Latency becomes an issue. Although the data streams through a common net, information transfer takes place between the master and a single peripheral. While this transaction occupies the bus, all other peripherals are forced idleat least in terms of receiving or sending bits.
When more than one master is presentSoCs often have multiple processors and a memory controllerthe fact that the bus is unavailable for other transfers results in latency and wait states.
Designers have been implementing workarounds for years. Many of LSI Logic's customers, for example, have found that segmented buses with bridges between segments are sufficient. With this technique, designers can finely tune each subsystem to achieve latency and frequency goals. The design style requires a segmentation bridge between higher and lower frequency peripherals, however, which introduces two drawbacks: added latency between segments and a lot of up-front partitioning, says Balraj "Raj" Singh, senior marketing manager for processor cores at LSI.
Customers are opting for hybrid topologies that include segmented buses and point-to-point connections. "What we never see," Singh says, "is a pure switched-bus architecture and that's because of legacy peripherals."
One key difference between the hybridized present and the point-to-point/switch-matrix future is that CPU companies are making building blocks available to implement point-to-point transfers which, in turn, makes for a less custom, more reusable design.
Bandwidth and Latency
Latency is the primary problem addressed by point-to-point buses. Fundamentally, a bus can transfer one bit of data per data line per clock cycle. The bus's maximum bandwidth is the bus width multiplied by the bus clock frequency. As long as the data packet (control, address, and data bits) is less than or equal to bus bandwidth, latency is limited to pipelining effects and is minimal.
Latency becomes a problem when a data packet is larger than the bus width and bits must be transferred over multiple clock cycles, says Tim Mace, AMBA Program Bus Manager of ARM. Typically, the master maintains control of the bus for successive clock cycles to burst data, which creates more latency. As previously mentioned, however, the most significant latency occurs when multiple masters contend for bus access.
Designers have three basic strategies to increase bandwidth and decrease latency:
- Increase bus width. This strategy works only if peripherals can accommodate the wider bus in a single cycle. A 128-bit bus communicating with 32-bit wide peripherals, for example, operates at 25% of its bandwidth capacity or less.

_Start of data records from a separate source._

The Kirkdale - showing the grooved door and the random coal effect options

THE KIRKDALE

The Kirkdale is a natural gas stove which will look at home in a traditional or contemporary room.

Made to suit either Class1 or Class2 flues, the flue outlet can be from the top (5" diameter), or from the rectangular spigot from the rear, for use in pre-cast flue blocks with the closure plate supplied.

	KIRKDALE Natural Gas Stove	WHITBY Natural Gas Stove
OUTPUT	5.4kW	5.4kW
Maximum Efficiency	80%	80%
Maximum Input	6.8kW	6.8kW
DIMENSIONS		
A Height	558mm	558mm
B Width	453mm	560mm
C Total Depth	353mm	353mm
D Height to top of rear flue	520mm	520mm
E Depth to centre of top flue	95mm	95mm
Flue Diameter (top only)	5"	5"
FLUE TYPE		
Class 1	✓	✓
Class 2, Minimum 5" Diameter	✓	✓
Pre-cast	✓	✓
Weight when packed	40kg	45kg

- Speed up the bus. This allows multiple masters to interleave on the bus with no apparent contention. A sophisticated interface is required to allow peripherals to keep pace, however, and power requirements are an important consideration.
- Provide multiple parallel buses. This solution creates point-to-point connections between masters and peripherals, allowing simultaneous transfers without the problem of matching peripheral clocks to bus clocks. ARM's AMBA AHB Multi-Layer Architecture is an example of this strategy. If a bus is provided for each master, a switched-bus architecture results. The design challenge is how to make the point-to-point connections. Two star IP companiesARM and MIPS Technologiesuse interconnect matrices and crossbar switches, respectively.

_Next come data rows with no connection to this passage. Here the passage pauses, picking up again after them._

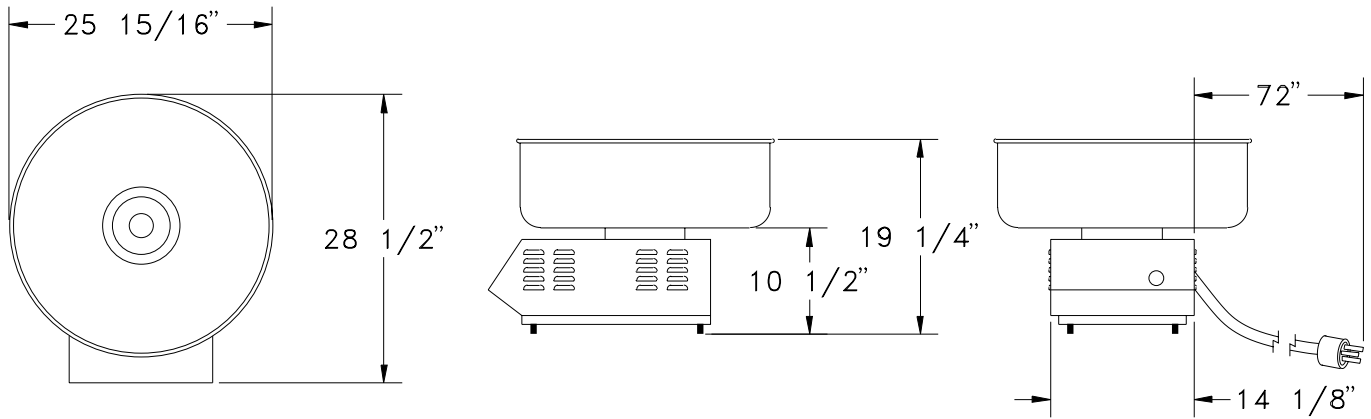

Item No. _____

Model Number: 3007

Description

TORNADO SHO W/PAN

Stainless Steel Tornado has all the Tornado features – it still uses the spun aluminum floss pan. The cabinet is stainless steel. No paint to chip – whatever you normally use to keep your stainless steel looking perfect will be the same thing you want to use here. So many of the components last a lifetime, why not go the extra few dollars for the stainless steel cabinet in your Tornado Floss Machine.

Model Number: 3007

Width: 26.00
Length: 26.00
Height: 18.00
Weight: 95

Pkg Width: 16.00
Pkg Length: 24.00
Pkg Height: 19.00
Pkg Weight: 96.00
CU/FT: 4.22

Voltage: 120
AMPS: 30
Wattage: 3600

Hertz: 60
Receptacle: 5-30R
Plug Type: 5-30P

Over the past few years, ARM's AMBA bus protocol has become a de facto standard. The most recent AMBA upgrades give SoC designers the third option previously mentioned. Designers can implement point-to-point connections with virtually any number of layers of the protocol, each representing a separate bus. ARM employs an interconnect matrix to create point-to-point connections between masters and slave peripherals in a SoC.

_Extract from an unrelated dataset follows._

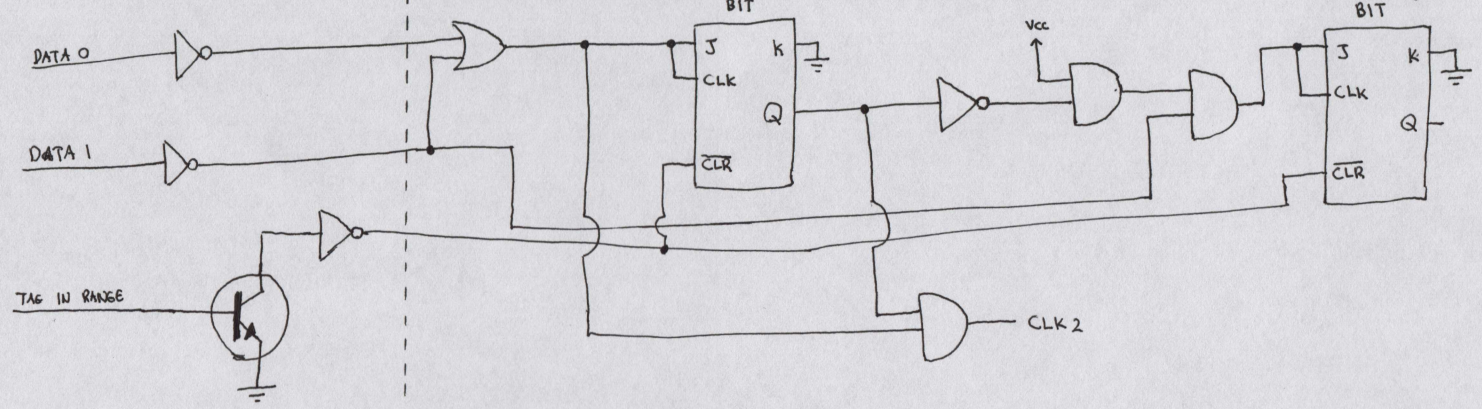

BOARD 1

BOARD 2

TAG IN RANGE is ≈ 1second in duration.

In addition to increasing bandwidth, multi-layer buses offer other advantages. System resources do not have to be allocated to particular masters early in the design, for example, because each master can have its own bus andat least theoreticallycan use all the bandwidth.
Similarly, the design of each AMBA AHB (Advanced High-performance Bus) layer can be fairly simple. You usually can avoid arbitration and master-to-slave multiplexing when each master has a different subset of slaves for each architecture. For most of the slaves, only one master accesses them in a particular configuration, so there is no arbitration between master layers.
Although the masters have individual buses, more than one master may want access to the same peripheral. In this case, an arbitration block must be added to handle a point arbitration at each peripheral.
In an example of a system that has three masters and four slaves, the interconnect matrix is configured for three AHB layersone layer for each master (Figure 1). Three types of devices comprise the interconnect matrix. Each layer has a decode stage that determines which slave has been chosen for the transfer. A multiplexer routes the transfer between the correct master/slave combinations. An input stage stores data until it is needed.
Figure 1: This example of the interconnect matrix for ARM's multi-layer bus architecture links three masters to four peripherals. A decode stage determines which slave has been chosen for the transfer. A multiplexer routes the transfer between the correct master/slave combination. An input stage stores data until it is needed.
If two layers want to access the same slave simultaneously, an arbitration is performed at each slave port. Several arbitration schemes are available from ARM, but the designer can choose to implement any arbitration strategy.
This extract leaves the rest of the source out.